Span Cat Annotations and Incorrect Predictions

I'm having issues with the span cat model not correctly predicting, or attempting to predict, all annotated labels in a text with the spancat model.

Backstory: I am currently training a span cat model to try to identify medical phrases in clinical narratives. We have annotated around 800 clinical narratives from real patient data and labelled them using prodigy's span cat annotator to identify phrases as disorders, findings, procedures, etc. We are using span cat, rather than NER, because many of the medical phrases have multiple sub-phrases within the terms that are separate labels altogether. For instance, "family history of heart disease" would be a situation, but the text "heart disease" is a disorder.
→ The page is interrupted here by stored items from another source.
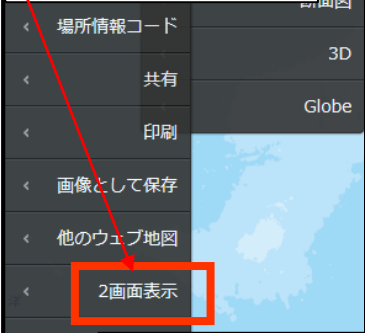

地理院地図で以下の方法で選択することにより、2画面表示が可能です。2画面表示で左右の画面を見比べることで、様々な情報を読み取ることができます。

画面左上の「情報」ボタンから様々な地図や写真を選択することができます。

北海道厚真町吉野地区
「情報」→「平成30年北海道胆振東部地震」
左側：「正射写真」→「厚真川地区（9/6撮影）」
右側：「被災前最新写真」

①「機能」をクリック

②「ツール」をクリック

③「2画面表示」をクリック

「情報」ボタン

見たい場所に地図を移動、拡大

④「連動」をON

2つの画面が連動しますので、同じ場所の様々な情報を比較できます。
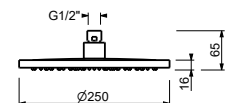

Regenkopfbrause

- Ø 25 cm
- Basismaterial: Messing
- Wasserdurchflussbegrenzer auf 9 l/min bei 3 bar
- Antikalksystem
- 1/2" Eingang
- Rückflussverhinderer

**Hinweis: Nötige Bedingungen für korrektes Funktionieren:
Mindestzufuhr: 10 l/min**
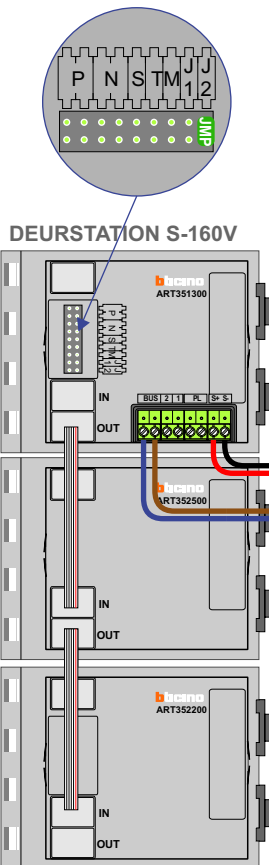

nelec

INTERCOM MADE EASY

Max. 100 meter systeemkabel tot laatste videofoon

Max. 50 meter

N-waarde	Huisnummer	Switch ON
1	3H	
2	3J	
3	3K	
4	3L	
5	3M	
6	3N	
7	3P	
8	3Q	
9	3R	
10	3S	
11	3T	
12	3U	
13	3V	
14	3W	
15	3X	X
16	3Y	X

nelec
INTERCOM MADE EASY

— = systeemkabel
 Bij andere getwiste kabel 66% afstand!
 Bij ongetwiste kabel max. 50 meter buitenpost naar videofoon.
 UTP op aanvraag.

nelec

INTERCOM MADE EASY

Max. 100 meter systeemkabel tot laatste videofoon

Max. 50 meter

N-waarde	Huisnummer	Switch ON
1	5A	
2	5B	
3	5C	
4	5D	
5	5E	
6	5F	
7	5G	
8	5H	
9	5J	
10	5K	
11	5L	
12	5M	
13	5N	
14	5P	
15	5Q	X
16	5R	X

nelec
INTERCOM MADE EASY

— = systeemkabel
 Bij andere getwiste kabel 66% afstand!
 Bij ongetwiste kabel max. 50 meter buitenpost naar videofoon.
 UTP op aanvraag.

BUS 2-DRAADS

Bij monteren/demonteren spanning eraf en voorkom defecten!

nelec

INTERCOM MADE EASY

Max. 100 meter systeemkabel tot laatste videofoon

Max. 50 meter

N-waarde	Huisnummer	Switch ON
1	7A	
2	7B	
3	7C	
4	7D	
5	7E	
6	7F	
7	7G	
8	7H	
9	7J	
10	7K	
11	7L	
12	7M	
13	7N	
14	7P	
15	7Q	X
16	7R	X
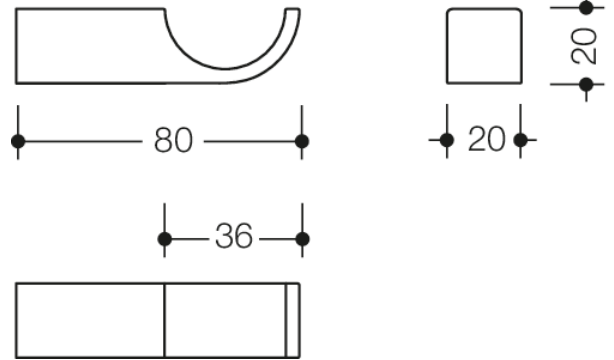

Photo similaire

Mesures en mm

Propriétés

Crochet Système 800 K

- crochet simple
- sert à suspendre du linge et d'autres accessoires
- pour montage mural, fixation cachée
- 80 mm de profondeur
- en polyamide de haute qualité, par selon nuancier HEWI
- matériel de fixation anti-corrosion HEWI inclus

After training the model with prodigy, we found that the results had very low sensitivity - very few terms were ever being identified, even when predicting on the data used to train the model. We thought we needed more data, so we continued to add more examples and iteratively train, but the sensitivity was still low so I looked into how the annotations are being saved and I found something peculiar: Only the labels which contained a "text" attribute were being predicted and identified in the model. In other words, the labels contained in each example in the jsonl file was annotated differently, such that only the spans with the "text" attribute were being predicted, and the spans without it were not. Let me give an example:

A middle-aged female presents to the emergency room with the concern of active gastrointestinal (GI) bleeding. 99-Tc labeled RBC scan is performed, and imaged were acquired for 4 hours. No abnormal area of increased radiotracer uptake is identified. The patient had a bowel movement during the scan, and the stool was imaged and was positive for radioactivity.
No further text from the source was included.